DFJ closes debut growth-stage fund on $290m

US venture firm Draper Fisher Jurvetson has closed its first-ever growth stage tech fund on $290 million, exceeding its $250 million target. The fund is already 25 percent invested in five companies DFJ hopes will become ‘$1 billion’ enterprises.

Draper Fisher Jurvetson has again broadened its investment strategy with closure of its debut growth-stage fund, DFJ Growth, on $290 million (€203 million). The closure follows the Silicon Valley venture firm’s geographic expansion in recent months to Europe, Israel, Russia and Brazil.

Unlike the 22-year old firm’s early stage-focussed core funds, DFJ Growth will pursue Series B and Series C tech investments in companies “where technical risk is behind the company and there’s some evidence of market validation in terms of revenues or bookings, or in some cases, subscribers or users,” said Mark Bailey, a managing director of DJF Growth and former executive at Symantec and Healtheon/WebMD.

We tend to invest earlier than other late-stage funds and we're swinging from the fences.

Mark Bailey

Typically that will translate into companies around the globe with quarterly revenues of around $100 million, and will result in initial investments ranging from $8 million to $10 million, or as much as $20 million over several rounds, Bailey said. Up to 20 percent of the fund’s investments will be made outside the United States.

DFJ Growth differentiates itself from other growth stage venture funds because “we tend to invest earlier than other late-stage funds and we’re swinging from the fences”, Bailey said, invoking a baseball analogy that alludes to scoring elusive “home runs” as DFJ has done previously with investments like Skype and Hotmail.

The fund’s approach to building a portfolio of 20-some companies, he said, is to own roughly 10 percent of each company that it sees as a possible “home run”, or with the potential to value $1 billion and result in a lucrative exit.

“If the company is indeed worth $1 billion dollars, we have a chance on any given investment to pay back the fund,” Bailey said. “We’re going at this in a very DFJ style, targeting companies that are serving very large markets, companies that are [market- or technology-] disruptive.”
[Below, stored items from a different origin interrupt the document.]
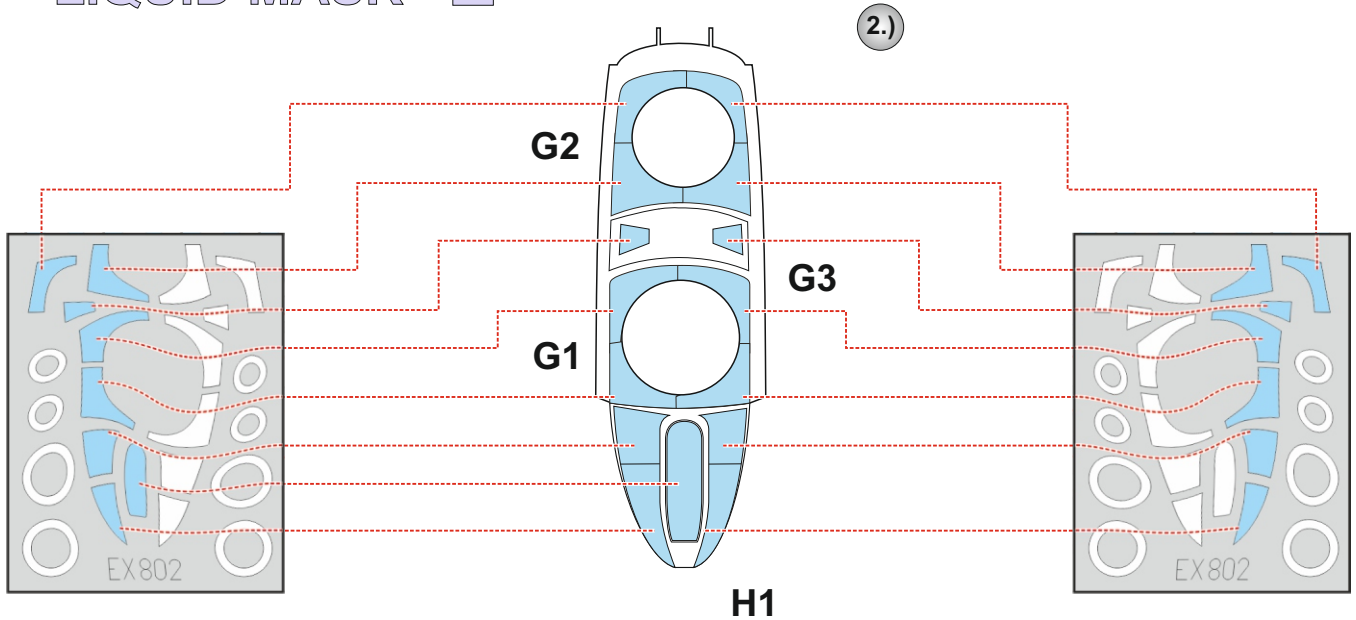

# F-4B

EX 802

for kit **TAMIYA**

scale **1/48**

LIQUID MASK 

3.)  
LIQUID MASK

DFJ Growth’s industry focus is also similar to DFJ’s core strategy, which tends to be IT-centric; it includes areas such as digital conversion, cleantech and nanotech.
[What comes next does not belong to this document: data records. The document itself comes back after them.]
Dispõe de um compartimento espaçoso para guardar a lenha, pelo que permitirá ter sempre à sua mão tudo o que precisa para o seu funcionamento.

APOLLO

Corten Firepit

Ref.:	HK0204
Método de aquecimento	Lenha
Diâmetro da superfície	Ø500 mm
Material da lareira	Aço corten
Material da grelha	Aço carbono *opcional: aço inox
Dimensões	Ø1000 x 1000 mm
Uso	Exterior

“Further out,” Bailey said, “we’re really intrigued by the intersection of life sciences and IT” such as genomics.

DFJ Growth had an initial target of $250 million and since its first close in August 2006, has invested approximately 25 percent of its total committed capital in five companies: Kajeet, a pay-as-you-go mobile phone service for ‘tweenagers’; Visto, a provider of email applications for mobile phones; Californian solar energy systems provider Solar City; UUSSEE, a Chinese company providing television content via internet; and Raydiance, creator of the world's first desktop ultra-short pulse laser, which allows for “very fine machining of cellular structures or materials”, Bailey said.

“Each one of these has the chance to become a very successful company” leading to a large sale or initial public offering, he added.

In addition to Bailey, the fund’s team is led by former AOL chairman and chief executive Barry Schuler and DFJ managing director and co-founder John Fisher.

Via its global affiliate network, DFJ has offices in 33 cities worldwide and manages roughly $5.7 billion in capital.